First announced in June last year, the acquisition was formalised after the necessary regulatory and board approvals were secured. Smaato would retain their branding and remain independent within their parent company. A new integration team also had been established to focus on creating new marketing tech offerings.

Describing the merger as “synergistic and timely”, the two organisations said mobile ads had been experiencing growth worldwide, especially in Asia-Pacific.
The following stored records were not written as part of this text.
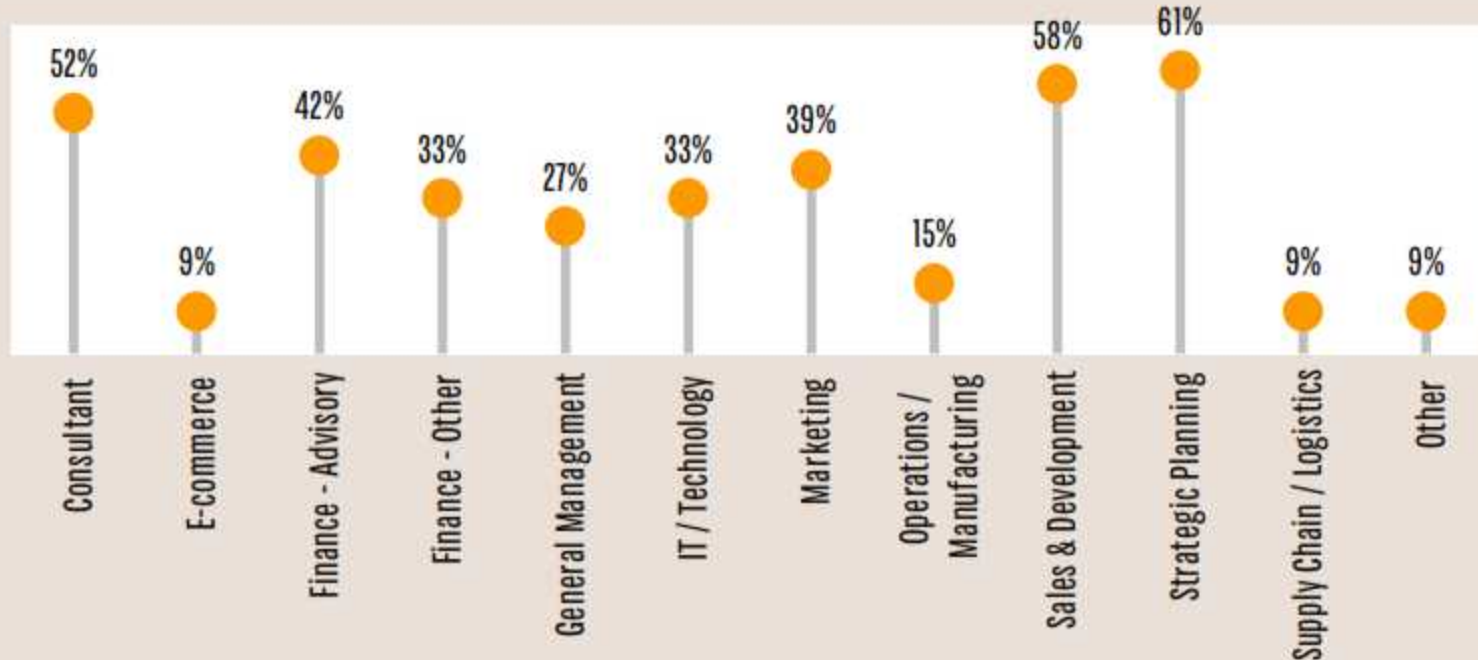

REGION Latin America

Brazil

AVE. STARTING SALARY & BONUS \$86,000

GDP GROWTH (annual %) 2.7

REGIONAL STARTING SALARY & BONUS \$72,800

REGIONAL EXTENT OF RECRUITMENT

SKILLS AMONG NEW MBA HIRES

FUNCTIONS OFFERED TO NEW MBA HIRES

IDEAL NUMBER OF YEARS' WORK EXPERIENCE

TOP COMPANIES HIRING IN BRAZIL

- PETROBAS
- BANCO DE BRASIL
- VALE
- JBS
- ITAISA-IVESTIMENTOS ITAI

[ACCESS VISA INFORMATION](#)

[SEARCH FOR JOBS IN BRAZIL](#)

[VIEW FULL REPORT](#)

Beijing-based Spearhead would pave the way for Chinese brands to run their global mobile campaigns on Smaato’s platform.

“Spearhead offers Smaato an anchor in China and the greater Asia-Pacific region, to more effectively reach these burgeoning mobile- and app-first markets, and the resources to accelerate the development of new, innovative mobile ad tech, products, and services”, they said.

Noting that Smaato had opened their first Asia-Pacific office in 2010, the company’s CEO and co-founder Ragnar Kruse said China had been an important market to cultivate. He added that there was increasing demand from Chinese brands to reach international audiences.

Thai publishers form co-op to plug inventory gapoppa_logo

A dozen publishers in Thailand have come together to form a new co-op aimed at addressing the lack of quality inventory and data in the country.

Called Online Premium Publishers Association in Thailand (OPPA), the group of 12 would include Kapook, Nation, and Sanook, and was expected to launch officially next month. D.A.Consortium and its business venture ally, Innity, had been engaged as consultant and technology partner to roll out a consolidated platform for the co-op.

OPPA told ExchangeWire that Thailand currently lacked a “qualified and scalable” inventory pool that utilised quality data. The co-op said they hoped to fill the void and offer more options for marketers to run effective campaigns.

For more details about the new publisher group, read our Q&A piece.

Rally changes to Society in Malaysia

Rally Worldwide have been rebranded as ‘Society’ in Malaysia, in a move that will see the IPG Mediabrands social media unit now focused on data-driven content marketing.

The agency said they would aim to include real-time targeted content that builds brand loyalty and boosts sales. They also launched a content development platform, Society 48, touted to enable marketers to create trending dialogues among online consumers within 48 hours.

Society Malaysia said they were looking to expand their current team of 75 by 15%, as part of efforts to tap the anticipated growth in global social advertising revenue. The agency’s managing director, Stanley Clement, noted that brands in the Asian market had been looking to build original and immersive online content.

“With the sheer volume of conversations happening daily in Malaysia alone, it is not just about creating content, but about creating the right kind of content”, said Clement. “It is no longer just about content amplification. Meaningful and engaging content drives brand affinity, which then translates to commerce.”

Dentsu lose president in employee suicide fallout

Dentsu President Tadashi Ishii has resigned to claim responsibility for the December 2015 suicide of an employee, whose case has been classified by authorities as death by overwork.

While the agency’s official statement did not state the reason for his resignation, Ishii told Tokyo reporters he “will take full responsibility” for the employee’s demise. According to Japan Times, the Dentsu executive said the company had failed to improve the issue of overwork despite putting in place various countermeasures.

Tokyo labour authorities had labelled the suicide as “karoshi”, or translated as “death by overwork”, following their investigations that unveiled the employee had clocked more than 100 hours of overtime work a month.